What you have to do
Reproduce nothing beyond the line containing "Routingonderdelen voor rigide". From the first line of the data below down to it, copy each line exactly, without the pictures.

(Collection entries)
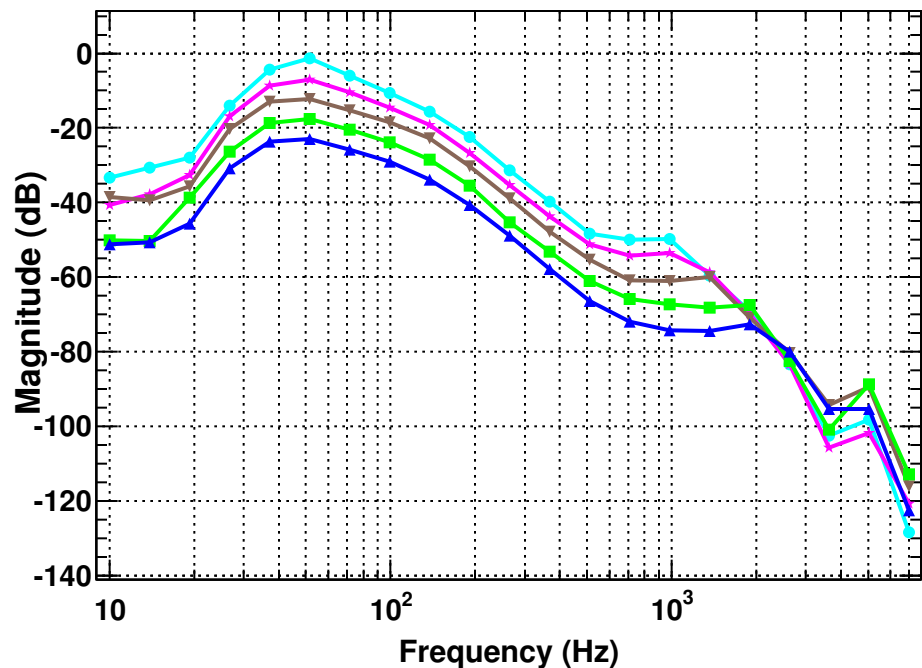

LSC-TRX\_OUT / SUS-MC2\_LSC\_EXC

Coherence function

\*T0=15/10/2014 06:12:24.06005A Avg=21

Transfer function

\*T0=15/10/2014 06:12:24.06005A Avg=21
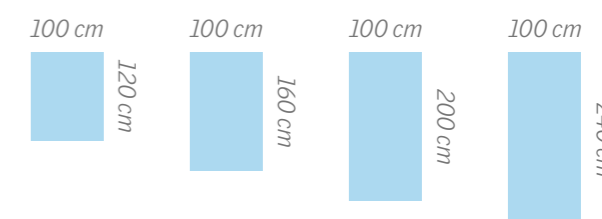

### Langwerpige vorm

Deze maakt modulaire lichtstraten geschikt voor grotere ruimtes als verbinding tussen verschillende delen van het huis.

**Een breedte van 100 cm en keuze uit 4 lengtes: 120 cm / 160 cm / 200 cm / 240 cm.**
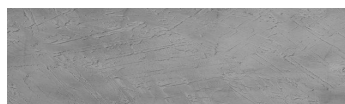

### Dizajn architektonického betónu

Sand texture in Tokyo Graphite colour

Winter texture in Sydney Light colour

Ocean texture in Chicago Grey colour

Desert texture in Tokyo Graphite colour

Snow texture in Sydney Light colour

Cloud texture in Chicago Grey colour

Autumn texture in Chicago Grey and Tokyo Graphite colours

Wave texture in Chicago Grey colour

Viac informácií o omietkach a náteroch nájdete na

[www.ceresit.sk](http://www.ceresit.sk)

\*Prezentované farby sú súčasťou aktuálnej palety fasádnych omietok a náterov Ceresit. Berte prosím na vedomie, že sa farby v originálnej podobe môžu líšiť od farieb zobrazených na monitore. Elektronická a tlačaná podoba vzorkovníka nie je považovaná za plne spoľahlivú prezentáciu. Odporúčame preto vybrané farby porovnať so skutočnými vzorkovníkmi.

Wind texture in Chicago Grey colour

Ice texture in Sydney Light colour

Lake texture in Sydney Light colour

Storm texture in Tokyo Graphite and Sydney Light colours

Rock texture in Sydney Light and Tokyo Graphite colours
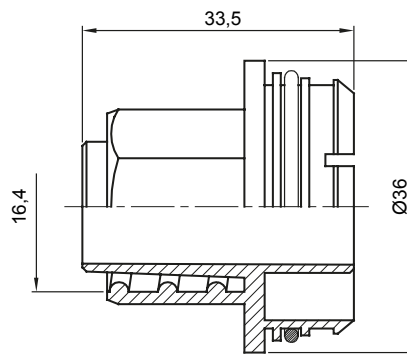

Routingonderdelen voor rigide beschermende buizen met beschermingsgraad IP40 en IP67.

Kleur	Grijs RAL 7035	Kenmerken	-
Schacht Ø (mm)	12	Electrocod	21221

DIMENSIONAL

STANDARDS/APPROVALS
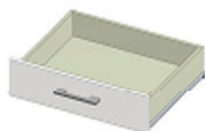

Severi

Banchi Easy

BANCO "EASY"

TOP IN LAMINATO

H	L75	L100	L150
H90	545.7561	545.10061	545.15061
H100	545.7561/1	545.10061/1	545.15061/1

TOP IN LAMINATO CON SCASSO

H	L75	L100	L150
H90	545.7561/SC	545.10061/SC	545.15061/SC
H100	545.7561/1SC	545.10061/1SC	545.15061/1SC

CON INCASSO
46x35 H16

OPTIONAL

CASSETTO

H	L75	L100	L150
H10	A010.6243	A010.4343	A010.6243

BANCO "EASY LIGHT"

Frontale in metacrilato retroilluminato. Serigrafia a cura del cliente

TOP IN LAMINATO			
H	L75	L100	L150
H90	546.7561	546.10061	546.15061
H100	546.7561/1	546.10061/1	546.15061/1

TOP IN LAMINATO CON SCASSO			
H	L75	L100	L150
H90	546.7561/SC	546.10061/SC	546.15061/SC
H100	546.7561/1SC	546.10061/1SC	546.15061/1SC

CON INCASSO
46x35 H16

OPTIONAL

CASSETTO			
H	L75	L100	L150
H10	A010.6243	A010.4343	A010.6243

BANCO ANGOLO "EASY" AA

ANGOLO EASY AA	
H90	545.103103
H100	545.103103 / 1

BANCO ANGOLO "EASY" Dimensioni lato 61x61 H=90 e H=100

ANGOLO 45°

ANGOLO 90°

<i>H</i>	<i>ANGOLO EASY AR</i>	
90	45°	545.6161/45
100	45°	545.6161/145
90	90°	545.6161/90
100	90°	545.6161/190
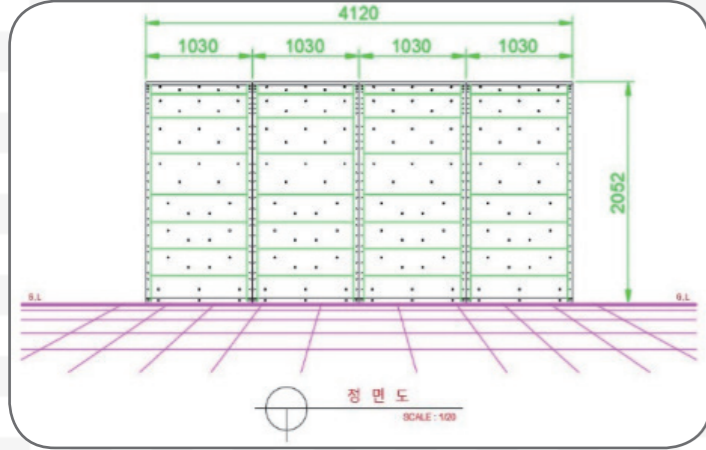

시공실적

전북교육청 아중초등학교 실내설치

모델명	SP-4004
규격	4,8mX1mX2m

어린이 안전인증 획득
생산물배상 책임보험 가입
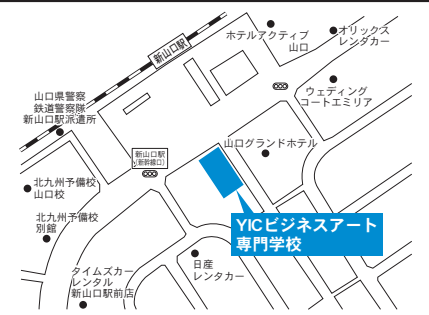

福岡市中央区清川11-10-1

アパホテル福岡渡辺通駅前

EXCELLENT内2F

☎092-534-3060

FAX092-534-3061

- JR鹿児島本線 博多駅 博多口 バス5分
- 西鉄天神大牟田線 西鉄福岡駅 徒歩15分
- 福岡市地下鉄七隈線 薬院駅 徒歩7分
- 福岡市地下鉄七隈線 渡辺通駅 2番出口 徒歩3分
- 西鉄バス 柳橋バス停より 徒歩1分

長崎試験場

福岡(博多)試験場

山口試験場

一般推薦I期  
(経済学部のみ)  
指定校推薦I期  
山口グランドホテル

山口市小郡黄金町1-1  
☎083-972-7777  
FAX083-972-7393  
● JR新山口駅新幹線口より  
徒歩1分

一般I期  
(スポーツ学部体力テスト併用方式は除く)  
学力特待生I期  
YICビジネスアート  
専門学校

山口市小郡黄金町2-24  
YICスタジオ  
☎083-976-8354  
FAX083-974-5826  
● JR新山口駅新幹線口より  
徒歩1分

広島試験場

一般推薦I期  
(経済学部のみ)  
指定校推薦I期  
RCC文化センター

広島市中区橋本町5-11  
☎082-222-2277  
FAX082-222-2244  
● 銀山町バス停(銀山町電停)  
より徒歩5分  
150台収容の有料駐車場有り

一般I期  
(スポーツ学部体力テスト併用方式は除く)  
学力特待生I期  
広島ガーデンパレス

広島市東区光町1-15  
☎082-262-1122  
FAX082-262-1131  
● 広島駅新幹線口から徒歩5分  
● 広島空港からリムジンバスで50分  
● 県庁前から(27)(29)で15分、  
若草町下車1分

Written answer
LSC-TRX\_OUT / SUS-MC2\_LSC\_EXC

Coherence function

\*T0=15/10/2014 06:12:24.06005A Avg=21

Transfer function

\*T0=15/10/2014 06:12:24.06005A Avg=21

### Langwerpige vorm

Deze maakt modulaire lichtstraten geschikt voor grotere ruimtes als verbinding tussen verschillende delen van het huis.

**Een breedte van 100 cm en keuze uit 4 lengtes: 120 cm / 160 cm / 200 cm / 240 cm.**

### Dizajn architektonického betónu

Sand texture in Tokyo Graphite colour

Winter texture in Sydney Light colour

Ocean texture in Chicago Grey colour

Desert texture in Tokyo Graphite colour

Snow texture in Sydney Light colour

Cloud texture in Chicago Grey colour

Autumn texture in Chicago Grey and Tokyo Graphite colours

Wave texture in Chicago Grey colour

Viac informácií o omietkach a náteroch nájdete na

[www.ceresit.sk](http://www.ceresit.sk)

\*Prezentované farby sú súčasťou aktuálnej palety fasádnych omietok a náterov Ceresit. Berte prosím na vedomie, že sa farby v originálnej podobe môžu líšiť od farieb zobrazených na monitore. Elektronická a tlačaná podoba vzorkovníka nie je považovaná za plne spoľahlivú prezentáciu. Odporúčame preto vybrané farby porovnať so skutočnými vzorkovníkmi.

Wind texture in Chicago Grey colour

Ice texture in Sydney Light colour

Lake texture in Sydney Light colour

Storm texture in Tokyo Graphite and Sydney Light colours

Rock texture in Sydney Light and Tokyo Graphite colours

Routingonderdelen voor rigide beschermende buizen met beschermingsgraad IP40 en IP67.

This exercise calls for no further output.